▶ **Problem**
Return all of the data exactly as given.

▶ **Data supplied**
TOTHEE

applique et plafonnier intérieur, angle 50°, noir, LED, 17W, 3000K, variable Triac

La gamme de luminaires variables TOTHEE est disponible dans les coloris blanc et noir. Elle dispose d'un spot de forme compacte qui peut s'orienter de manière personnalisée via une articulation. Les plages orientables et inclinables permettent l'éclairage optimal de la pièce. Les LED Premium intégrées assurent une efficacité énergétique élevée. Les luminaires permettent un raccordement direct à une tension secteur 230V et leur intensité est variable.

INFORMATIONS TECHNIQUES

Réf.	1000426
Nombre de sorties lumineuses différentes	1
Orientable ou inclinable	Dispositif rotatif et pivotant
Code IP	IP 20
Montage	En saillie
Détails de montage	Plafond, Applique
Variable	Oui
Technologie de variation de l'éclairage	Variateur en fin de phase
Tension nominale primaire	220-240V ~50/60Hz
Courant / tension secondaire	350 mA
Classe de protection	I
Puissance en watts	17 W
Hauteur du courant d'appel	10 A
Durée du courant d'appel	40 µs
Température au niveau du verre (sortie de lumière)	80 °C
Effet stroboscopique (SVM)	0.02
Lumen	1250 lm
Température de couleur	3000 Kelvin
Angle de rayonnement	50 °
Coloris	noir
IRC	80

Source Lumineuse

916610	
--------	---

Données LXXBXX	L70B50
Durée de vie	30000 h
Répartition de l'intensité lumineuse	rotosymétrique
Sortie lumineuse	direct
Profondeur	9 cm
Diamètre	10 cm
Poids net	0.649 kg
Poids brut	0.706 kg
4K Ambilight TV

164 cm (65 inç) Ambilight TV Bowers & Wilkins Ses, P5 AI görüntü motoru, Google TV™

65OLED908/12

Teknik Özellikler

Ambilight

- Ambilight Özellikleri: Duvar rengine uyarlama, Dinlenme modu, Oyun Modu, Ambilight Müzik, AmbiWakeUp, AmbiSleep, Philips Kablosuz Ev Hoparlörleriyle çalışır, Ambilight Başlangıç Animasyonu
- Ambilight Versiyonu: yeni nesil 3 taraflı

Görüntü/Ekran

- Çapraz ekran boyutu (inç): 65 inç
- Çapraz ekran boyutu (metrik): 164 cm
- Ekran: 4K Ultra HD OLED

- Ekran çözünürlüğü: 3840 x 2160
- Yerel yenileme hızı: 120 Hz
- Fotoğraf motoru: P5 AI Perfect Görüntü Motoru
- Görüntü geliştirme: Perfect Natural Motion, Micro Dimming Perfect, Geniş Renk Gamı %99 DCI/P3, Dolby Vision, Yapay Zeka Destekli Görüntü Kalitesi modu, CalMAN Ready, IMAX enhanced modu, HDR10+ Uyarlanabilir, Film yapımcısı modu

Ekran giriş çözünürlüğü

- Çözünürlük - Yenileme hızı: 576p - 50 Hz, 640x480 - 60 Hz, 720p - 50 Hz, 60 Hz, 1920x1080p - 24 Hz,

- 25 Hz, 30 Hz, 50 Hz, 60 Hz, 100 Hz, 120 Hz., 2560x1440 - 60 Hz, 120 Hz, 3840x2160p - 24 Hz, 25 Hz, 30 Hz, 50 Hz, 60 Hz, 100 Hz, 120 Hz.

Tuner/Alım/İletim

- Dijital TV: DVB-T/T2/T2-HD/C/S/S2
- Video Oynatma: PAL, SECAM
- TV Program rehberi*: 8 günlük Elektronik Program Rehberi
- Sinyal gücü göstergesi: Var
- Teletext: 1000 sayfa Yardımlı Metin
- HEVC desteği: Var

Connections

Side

▶ **Answer section**
TOTHEE

applique et plafonnier intérieur, angle 50°, noir, LED, 17W, 3000K, variable Triac

La gamme de luminaires variables TOTHEE est disponible dans les coloris blanc et noir. Elle dispose d'un spot de forme compacte qui peut s'orienter de manière personnalisée via une articulation. Les plages orientables et inclinables permettent l'éclairage optimal de la pièce. Les LED Premium intégrées assurent une efficacité énergétique élevée. Les luminaires permettent un raccordement direct à une tension secteur 230V et leur intensité est variable.

INFORMATIONS TECHNIQUES

Réf.	1000426
Nombre de sorties lumineuses différentes	1
Orientable ou inclinable	Dispositif rotatif et pivotant
Code IP	IP 20
Montage	En saillie
Détails de montage	Plafond, Applique
Variable	Oui
Technologie de variation de l'éclairage	Variateur en fin de phase
Tension nominale primaire	220-240V ~50/60Hz
Courant / tension secondaire	350 mA
Classe de protection	I
Puissance en watts	17 W
Hauteur du courant d'appel	10 A
Durée du courant d'appel	40 µs
Température au niveau du verre (sortie de lumière)	80 °C
Effet stroboscopique (SVM)	0.02
Lumen	1250 lm
Température de couleur	3000 Kelvin
Angle de rayonnement	50 °
Coloris	noir
IRC	80

Source Lumineuse

916610	
--------	---

Données LXXBXX	L70B50
Durée de vie	30000 h
Répartition de l'intensité lumineuse	rotosymétrique
Sortie lumineuse	direct
Profondeur	9 cm
Diamètre	10 cm
Poids net	0.649 kg
Poids brut	0.706 kg
4K Ambilight TV

164 cm (65 inç) Ambilight TV Bowers & Wilkins Ses, P5 AI görüntü motoru, Google TV™

65OLED908/12

Teknik Özellikler

Ambilight

- Ambilight Özellikleri: Duvar rengine uyarlama, Dinlenme modu, Oyun Modu, Ambilight Müzik, AmbiWakeUp, AmbiSleep, Philips Kablosuz Ev Hoparlörleriyle çalışır, Ambilight Başlangıç Animasyonu
- Ambilight Versiyonu: yeni nesil 3 taraflı

Görüntü/Ekran

- Çapraz ekran boyutu (inç): 65 inç
- Çapraz ekran boyutu (metrik): 164 cm
- Ekran: 4K Ultra HD OLED

- Ekran çözünürlüğü: 3840 x 2160
- Yerel yenileme hızı: 120 Hz
- Fotoğraf motoru: P5 AI Perfect Görüntü Motoru
- Görüntü geliştirme: Perfect Natural Motion, Micro Dimming Perfect, Geniş Renk Gamı %99 DCI/P3, Dolby Vision, Yapay Zeka Destekli Görüntü Kalitesi modu, CalMAN Ready, IMAX enhanced modu, HDR10+ Uyarlanabilir, Film yapımcısı modu

Ekran giriş çözünürlüğü

- Çözünürlük - Yenileme hızı: 576p - 50 Hz, 640x480 - 60 Hz, 720p - 50 Hz, 60 Hz, 1920x1080p - 24 Hz,

- 25 Hz, 30 Hz, 50 Hz, 60 Hz, 100 Hz, 120 Hz., 2560x1440 - 60 Hz, 120 Hz, 3840x2160p - 24 Hz, 25 Hz, 30 Hz, 50 Hz, 60 Hz, 100 Hz, 120 Hz.

Tuner/Alım/İletim

- Dijital TV: DVB-T/T2/T2-HD/C/S/S2
- Video Oynatma: PAL, SECAM
- TV Program rehberi*: 8 günlük Elektronik Program Rehberi
- Sinyal gücü göstergesi: Var
- Teletext: 1000 sayfa Yardımlı Metin
- HEVC desteği: Var

Connections

Side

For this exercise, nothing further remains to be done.